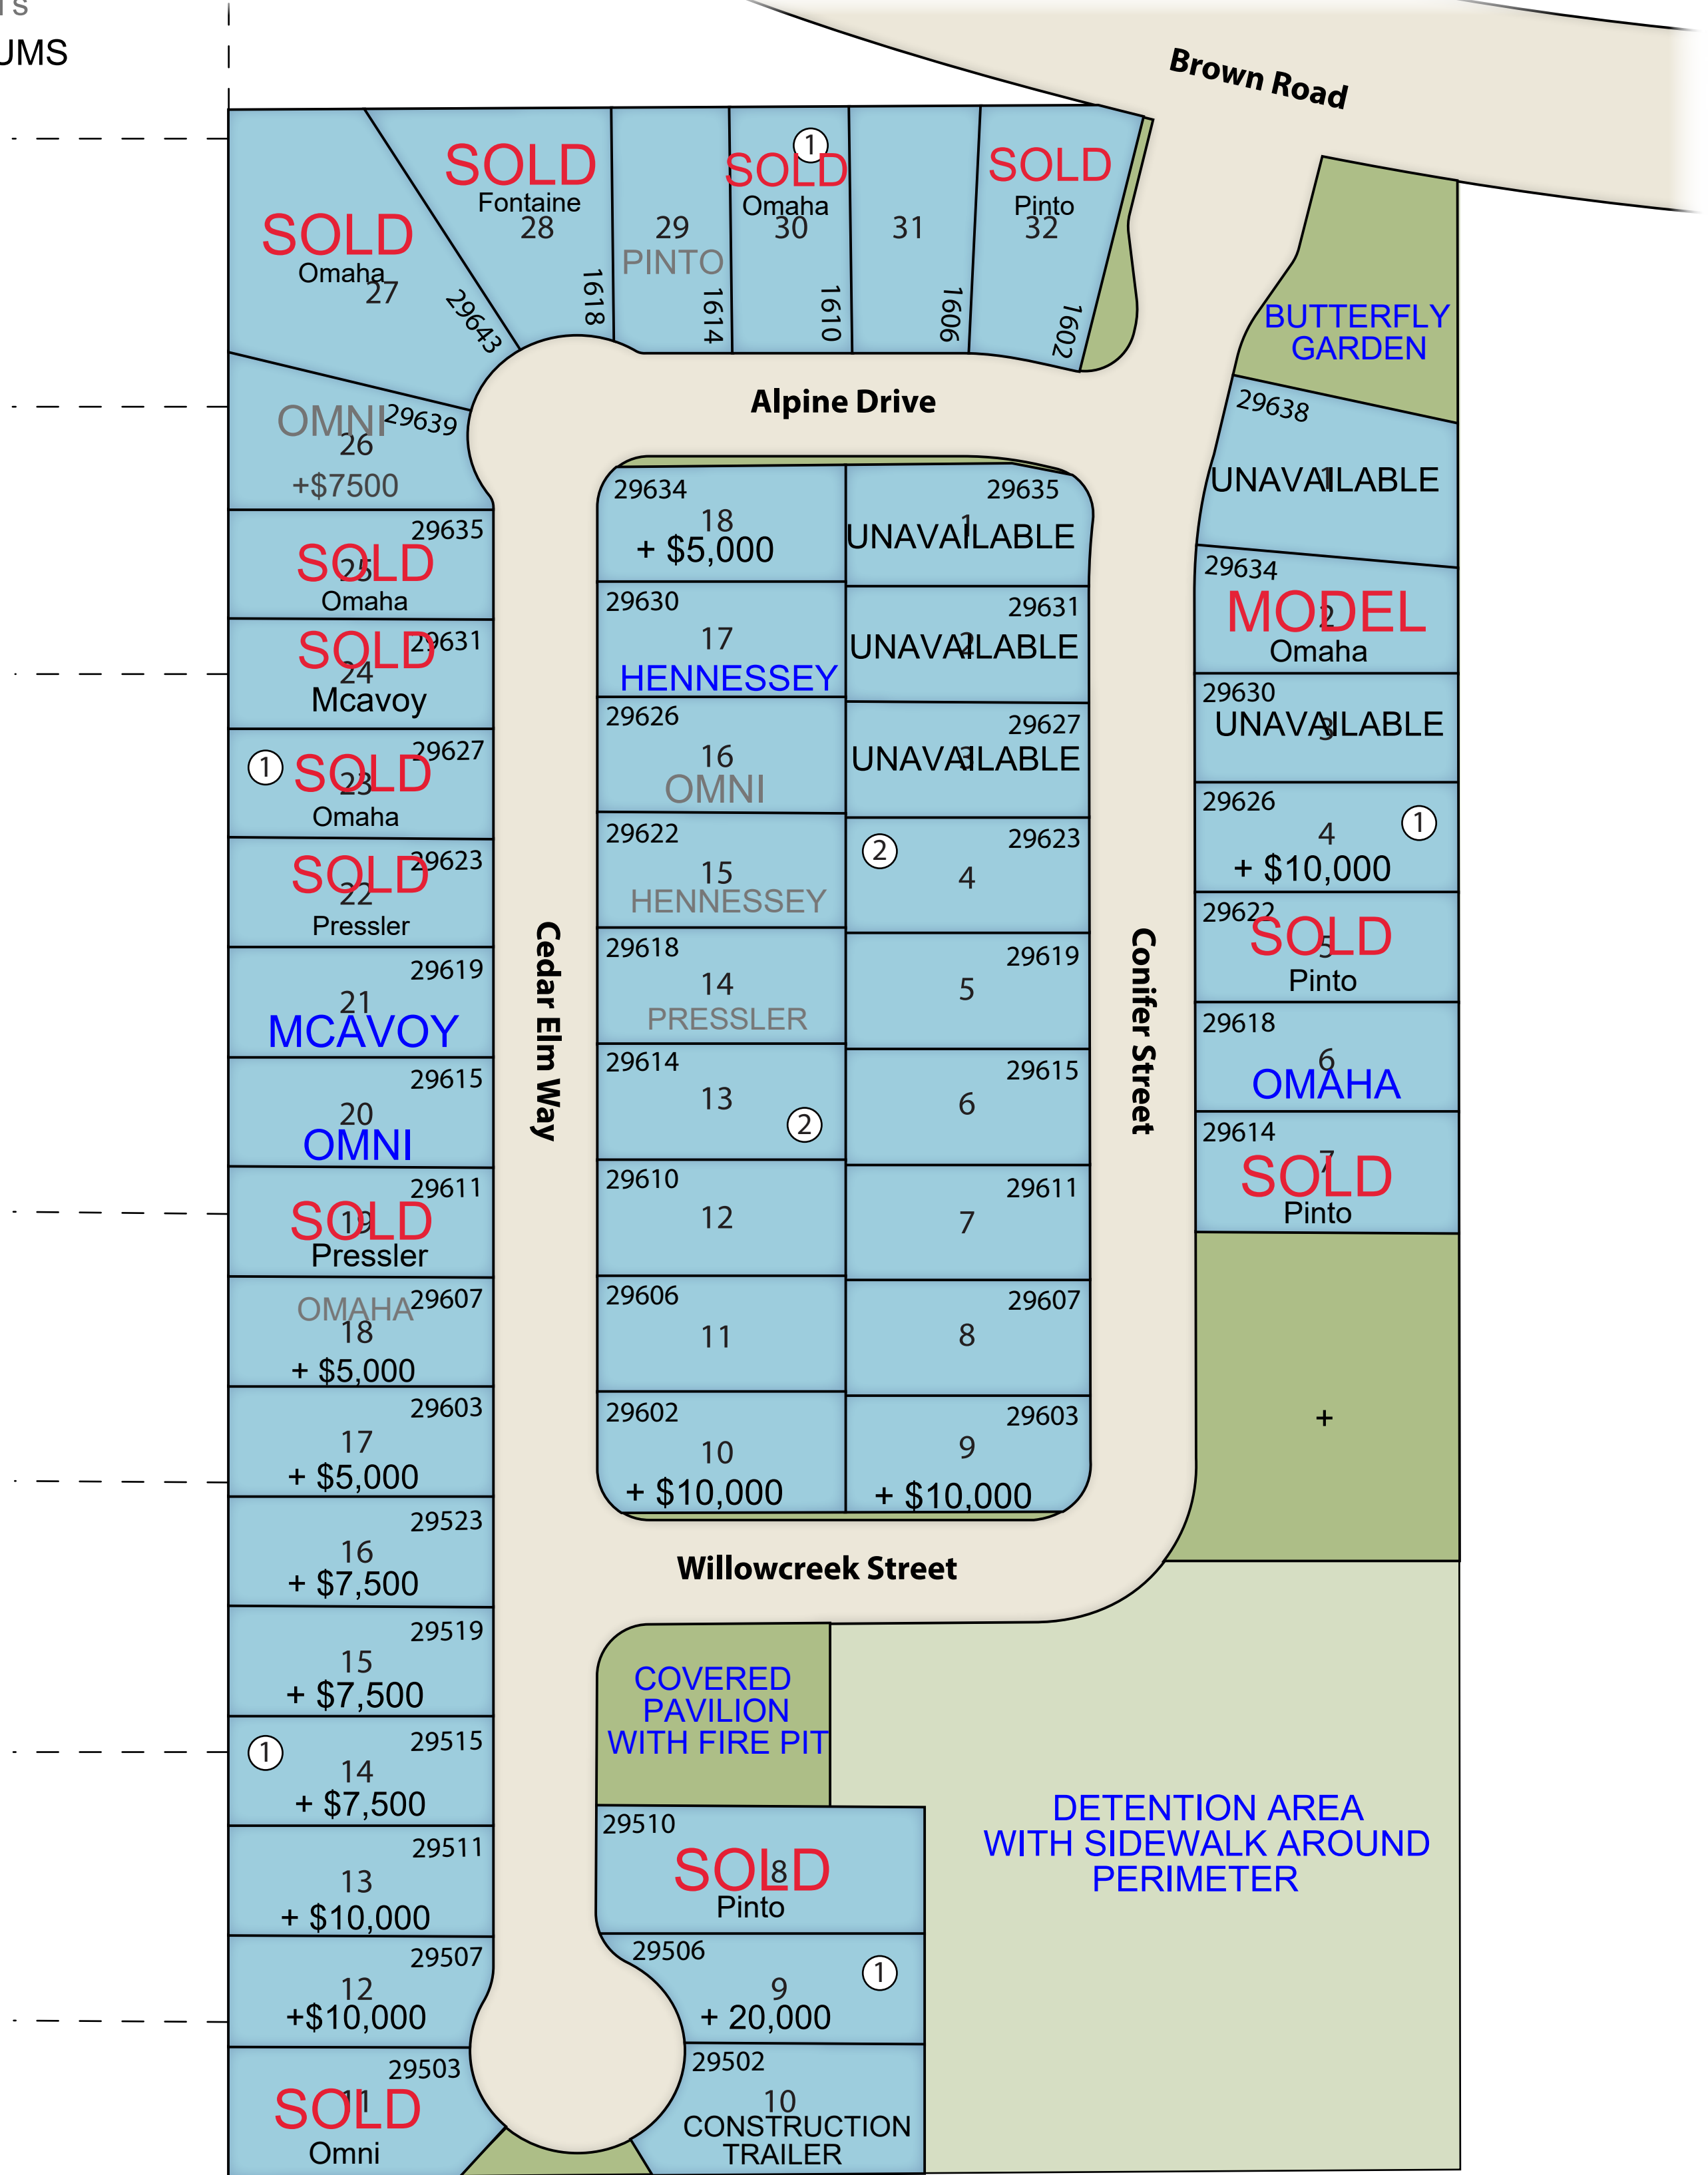

PINE TRAILS

LEGEND

- QMI (Quick Move in home)
- FUTURE QMI's
- LOT PREMIUMS

David Weekley Homes
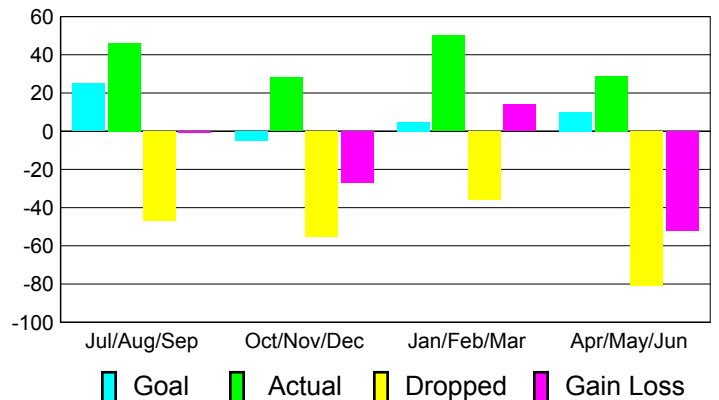

### YTD Status Quo Clubs 2010-2011

Status Quo Clubs Compared to Status Quo Members

## MEMBERSHIP

Membership Results  
2010-2011

Membership  
2009-2010

Month	Net Memb Goal	Actual New Memb	Actual Dropped Memb	Gain/Loss of Memb	Gain/Loss of Memb
Jul/Aug/Sep	25	46	-47	-1	-41
Oct/Nov/Dec	-5	28	-55	-27	-14
Jan/Feb/Mar	5	50	-36	14	-15
Apr/May/June	10	29	-81	-52	-12
<b>Totals</b>	<b>35</b>	<b>153</b>	<b>-219</b>	<b>-66</b>	<b>-82</b>

### Membership Results 2010-2011

Goal, New, Dropped, Gain/Loss

### Comparison of Membership Gain/Loss

Current Year Compared to the Previous Year
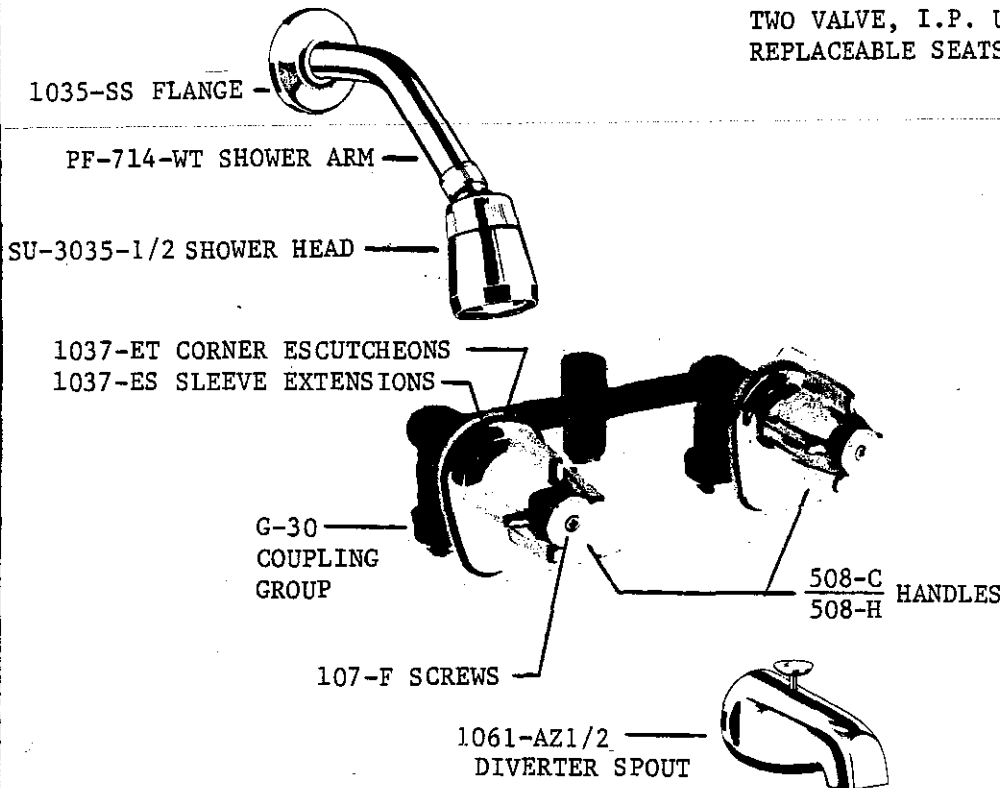

8" INTEGRAL BATH & SHOWER FIXTURE
TWO VALVE, I.P. UNIONS, CAST BRASS BODY,
REPLACEABLE SEATS, CHROME PLATED
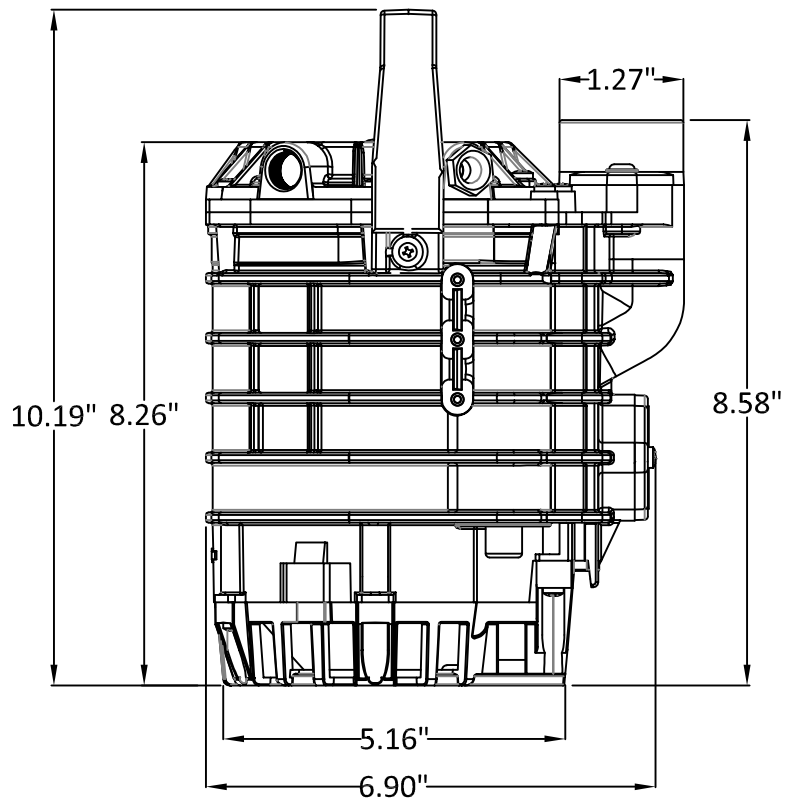

PERFECTA Pump Dimensions with Float Switch Diagram : J

PERFECTA Pump Dimensions without Float Switch
Diagram : K

PERFECTA Pump Three Phase Control Panel Dimensions

Diagram : L
──────────
| TASK PROMPT |
Check each line of the records above, and copy those that hold the word "Clubs".

| SOLVED EXERCISE |
### YTD Status Quo Clubs 2010-2011
Status Quo Clubs Compared to Status Quo Members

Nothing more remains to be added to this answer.